Having one's faith waver at times is a natural part of faith I would like to reinforce for clerics, but what is faith when you actually see the effects of your god work around you?
13:01
@Oxinabox Sure — it's for questions involving the virtue/vice mechanic used in nWoD games, as there are a couple of them, and it tends to attract discussion. Probably worth adding a "morality system" tag at some point, too.
@Oxinabox I suppose it's like the "alignment" tag for D&D, except that where everyone knows that D&D uses alignment, Virtue/Vice/Morality/Integrity aren't as well known outside their games.
13:20
@RedRiderX this must be how Lord Gareth sustainably harvests skulls
... though somehow I more imagine him letting them grow fruitfully for a few years, then tearing through among a raging warband of barbarians
who generally decimate the populace through their sheer warrior screaming long before they even get within weapons distance
the application of sonic damage would make a particular librarian lich blush
13:42
So my clerics have a move, "trust your life to fate", that allows them to perform a single highly dangerous feat, surviving through sheer faith that their god will protect them. Thoughts?

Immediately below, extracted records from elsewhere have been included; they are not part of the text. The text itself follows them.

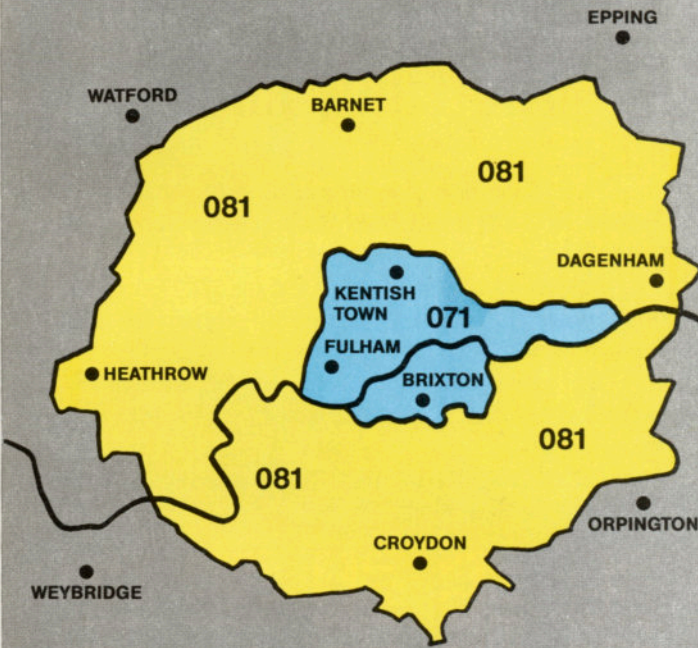

Will change to 071.

Will change to 081.

Check this list to find the right code

To find the new code for a London 01 phone or fax number (eg 01-**434** 0000), simply look up its first three digits in this list.

Against **434**, for example, you'll see 071. That means 01-**434** 0000 will become 071-**434** 0000. Similarly, the table shows 01-**666** 0000 will change to 081-**666** 0000.

Your calls to and from the 071 and 081 areas will be charged at the same rate as calls to and from the current 01 area.

Calls between the 071 and 081 areas will continue to be charged at the local rate.

First 3 digits of the number	The new code
200	081
202	081
203	081
204	081
205	081
206	081
207	081
208	081
209	081
210	071
212	071
213	071

First 3 digits of the number	The new code
214	071
215	071
217	071
218	071
219	071
220	071
221	071
222	071
223	071
224	071
225	071
226	071

First 3 digits of the number	The new code
227	071
228	071
229	071
230	071
231	071
232	071
233	071
234	071
235	071
236	071
237	071
238	071

First 3 digits of the number	The new code
239	071
240	071
241	071
242	071
243	071
244	071
245	071
246	071
247	071
248	071
249	071
250	071

First 3 digits of the number	The new code
251	071
252	071
253	071
254	071
255	071
256	071
257	071
258	071
259	071
260	071
261	071
262	071

Example use case: The evil warlock is holding the cleric's party at gun... er, staffpoint on the top of the cliff and demanding them to hand back the Amulet of Doing Very Much Evil they took. The cleric takes a calm breath, holds the amulet in his hand and says: "Agron, guide my fall." He then leaps down the cliff, facing a fall that would certainly kill a normal person or seriously wound a seasoned hero like him.
The player rolls, gets a 10+ and, by Agron's divine providence, just happens to land in a stack of the softest hay there is without any serious injury.